[comp.arch] "Smart" cache re-loading

mccalpin@perelandra.cms.udel.edu (John D. McCalpin) (08/21/90)

I have a question on optimization of "vector" code on the IBM RS/6000
and related processors.  I will preface these remarks by saying that I
do not have a good understanding of the behavior of caches on the
writing side, though I think I understand them pretty well on the
reading side.

The IBM 320 is the machine in question.  It has a 20 MHz clock, a
64-bit memory bus, an 8-word (=64-byte) cache line size, and a fully
pipelined floating-point unit with a 2-cycle pipe length.  (At least
that is how I understand what I have read about it).

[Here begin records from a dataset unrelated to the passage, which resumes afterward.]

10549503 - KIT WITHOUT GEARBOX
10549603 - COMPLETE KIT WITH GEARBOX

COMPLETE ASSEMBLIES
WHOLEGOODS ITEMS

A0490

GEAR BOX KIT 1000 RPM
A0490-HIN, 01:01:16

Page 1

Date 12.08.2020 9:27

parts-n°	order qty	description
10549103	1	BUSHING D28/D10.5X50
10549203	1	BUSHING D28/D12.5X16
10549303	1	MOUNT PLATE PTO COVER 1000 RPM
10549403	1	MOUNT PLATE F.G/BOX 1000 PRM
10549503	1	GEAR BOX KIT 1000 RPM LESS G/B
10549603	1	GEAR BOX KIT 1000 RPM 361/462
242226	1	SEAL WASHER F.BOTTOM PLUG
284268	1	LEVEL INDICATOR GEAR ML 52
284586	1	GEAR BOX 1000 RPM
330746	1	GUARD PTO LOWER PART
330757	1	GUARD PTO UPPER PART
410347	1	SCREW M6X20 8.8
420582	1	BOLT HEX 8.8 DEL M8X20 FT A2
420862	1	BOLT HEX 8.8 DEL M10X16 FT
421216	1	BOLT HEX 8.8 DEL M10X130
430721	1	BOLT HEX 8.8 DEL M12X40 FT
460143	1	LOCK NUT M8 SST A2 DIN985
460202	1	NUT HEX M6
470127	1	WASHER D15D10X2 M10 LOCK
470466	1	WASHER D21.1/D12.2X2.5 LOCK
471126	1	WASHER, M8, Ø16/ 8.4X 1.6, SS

A very common operation in scientific programming that is not amenable
to cacheing is the long vector dyad (add or multiply).
	do i=1,n
	    a(i) = b(i)+c(i)
	end_do
where 'n' is large enough (and there are enough other things going on
in the code) that b() and c() are not going to be cache-contained, and
only part of a() will fit in cache before it gets written back to main
memory. 

Suppose that a cache line reload takes 12 cycles (the machine has a
64-bit bus).  Then the code will require roughly 24 cycles to do the
two cache loads required to do 8 operations.  (I will assume that the
cache can write back a() asynchronously for this case). Then the FP
ops need to be performed.  I will assume that they are pipelined and
all 8 require about another 12 cycles.  So even though I have a fully
pipelined FP unit and a fast memory bus, I still get only 1 operation
per 3 clocks.  The 8 cycles during which the FP unit is crunching
provides enough time with the memory bus free to write back 8 elements
of the a() matrix from previous iterations of the loop.

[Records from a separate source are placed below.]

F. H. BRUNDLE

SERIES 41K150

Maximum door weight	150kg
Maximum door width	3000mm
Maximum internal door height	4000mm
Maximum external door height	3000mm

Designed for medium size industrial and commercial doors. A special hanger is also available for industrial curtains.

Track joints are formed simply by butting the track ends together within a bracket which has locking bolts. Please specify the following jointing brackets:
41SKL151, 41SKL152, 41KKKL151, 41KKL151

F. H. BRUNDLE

This looks like an optimal use of the available memory bandwidth for
this type of operation, and results in a peak speed of MHz/3 MFLOPS
for vector dyad operations and MHz/1.5 MFLOPS for vector triad
operations (where one operand is a scalar).  For the IBM 320, these
numbers are 6.667 MFLOPS and 13.333 MFLOPS.

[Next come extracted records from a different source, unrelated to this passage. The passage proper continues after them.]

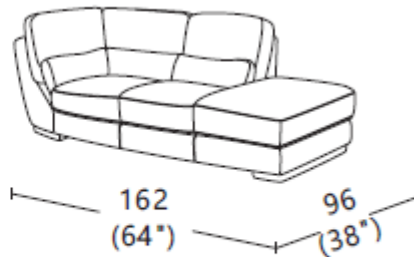

INVERURIE
Andersons

MILFORD

Sectional pieces shown below— standard models overleaf

169
(67")

CBM:1.45m³
2.5PL/R

149
(59")

CBM:1.29m³
2PL/R

108
(43")

Profile

176
(69")

CBM:1.21m³
C

*Corner piece—not
finished on sides*

176
(69")

CBM:1.21m³
CFL/R

*Corner piece—
finished on 1 side*

91
(36")

CBM:0.80m³
1PL/R

162
(64")

96
(38")

CBM:1.17m³
CSAL/R

224
(88")

106
(42")

CBM:2.3m³
CSL/R

62
(24")

My best observation to date for long vector operations from FORTRAN is
8.4 MFLOPS for triad operations (average vector length=666).

What other overheads exist preventing the attainment of this peak
speed?

Is it possible to execute a load from the integer unit to force the
next desired cache line to load while the FP unit is busy?
--
John D. McCalpin			mccalpin@perelandra.cms.udel.edu
Assistant Professor			mccalpin@vax1.udel.edu
College of Marine Studies, U. Del.	J.MCCALPIN/OMNET